Observability Without Compromising Security

Observability and security are often in tension. You want to know everything about your system’s behavior, but every data collection surface is also an attack surface. BeaconSSH resolves this by physically isolating diagnostics from the security path.

This post covers why that isolation exists and how the diagnostic server works.

The Problem with Observability in Security Systems

Telemetry and logging systems tend to have permissive input handling. They accept data from many sources, parse varied formats, and store large volumes. This makes them attractive targets:

Data exfiltration — diagnostic endpoints that accept arbitrary payloads can be used to exfiltrate data if the server is compromised
Injection via telemetry — if the diagnostic server shares infrastructure with the auth server, a crafted telemetry payload might reach authentication logic
Availability impact — a spike in telemetry writes could degrade the certificate server if they share database connections

In most systems, the monitoring layer has some access to the system being monitored. In BeaconSSH, it has none.

Full Isolation

The diagnostic server is a separate service — separate process, separate database, separate network path. It has:

No access to CA keys (private or public)
No access to user records or authorization policies
No access to the authentication flow
No ability to issue, revoke, or modify certificates

Even if the diagnostic server is fully compromised, the attacker gains access to telemetry data. They cannot use it to escalate to SSH access. There is no lateral movement path from diagnostics to the certificate server.

What Gets Collected

The diagnostic server receives opt-in telemetry from clients:

Certificate issuance latency — time from request to signed certificate
Error events — auth failures, network timeouts, certificate validation errors
Client environment — OS, SSH client version, agent availability
Connection success/failure rates — did the certificate actually work?

All payloads are:

Compressed with Brotli to minimize bandwidth
Signed by the client to ensure integrity — the server rejects unsigned or tampered payloads
Schema-validated before processing — unexpected fields or formats are rejected
Size-limited — payloads exceeding a threshold are dropped to prevent storage abuse

One-Way Data Flow

The diagnostic server can read data sent to it. It cannot send commands back to clients or to the certificate server. It cannot call any mutating API on the certificate server.

The only outbound action the diagnostic server takes: health monitoring of the certificate server via a public health endpoint, with optional email alerts to administrators. This is a read-only HTTP check — no authentication, no mutation.

Clients ──telemetry──▶ Diagnostic Server ──health check──▶ Cert Server (read-only)
                              │
                              ▼
                         Alerts (email)

There is no return path. The certificate server doesn’t know the diagnostic server exists.

Aggregation and Insights

Raw telemetry is aggregated into operational insights:

Latency percentiles over time — is certificate issuance getting slower?
Error rate trends — are OAuth failures increasing? (might indicate provider issues)
Client version distribution — are users on outdated CLIs?
Geographic patterns — are certain regions experiencing higher failure rates?

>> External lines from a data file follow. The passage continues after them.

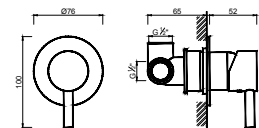

OPÇÕES / OPCIONES / OPTIONS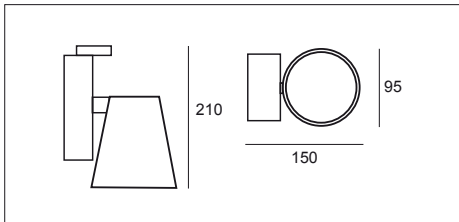

Cono GY6,35

Vedi dati fotometrici Pag. 192
See photometric data page 192

230V 50Hz

IP20
IK07

Incorporato
Incorporated

colour	W		K	pcs	dm ³	Kg	CELL	
G	50	GY6.35	3000	001	4.5	0.85	12164	NEW
B	50	GY6.35	3000	001	4.5	0.85	12166	NEW

Cono G8.5

Vedi dati fotometrici Pag. 192
See photometric data page 192

230V 50Hz

IP20
IK07

Incorporato
Incorporated

colour	W		K	pcs	dm ³	Kg	CELL	
G	35	G8.5	3000	001	4.5	0.85	12165	NEW
B	35	G8.5	3000	001	4.5	0.85	12167	NEW

These aggregations are exposed through the admin dashboard as read-only views. They inform operational decisions but don’t drive automated actions — no auto-scaling, no auto-remediation, no policy changes based on telemetry.

Why Not Just Use Prometheus / Grafana?

You could expose metrics from the certificate server and scrape them with Prometheus. Many systems do this. But:

Prometheus scrapes introduce a network path to the certificate server
Metric endpoints can leak sensitive information if not carefully scoped
The scraper becomes a dependency — if it misbehaves, it could impact the certificate server
Alert evaluation happens outside the system, creating another component with potential access

BeaconSSH’s approach pushes all diagnostic data outward. The certificate server emits nothing. Clients send telemetry to a completely separate system. The security boundary is clean.

The tradeoff: you lose some operational convenience. You can’t just curl /metrics on the certificate server. You get system-level metrics (CPU, memory, request count) from standard infrastructure monitoring, and application-level insights from the diagnostic server. Two systems instead of one. That’s the cost of isolation.

Summary

The diagnostic server exists because monitoring a security-critical system without compromising it requires physical separation. Shared infrastructure between telemetry and authentication is a latent vulnerability. By making the diagnostic server a fully isolated, one-way data sink with no access to the security path, BeaconSSH ensures that observability cannot become an attack vector.

This is the final post in the BeaconSSH series. The system is in active development — future posts will cover hardware key support, multi-provider identity federation, and the operational experience of running a short-lived certificate authority.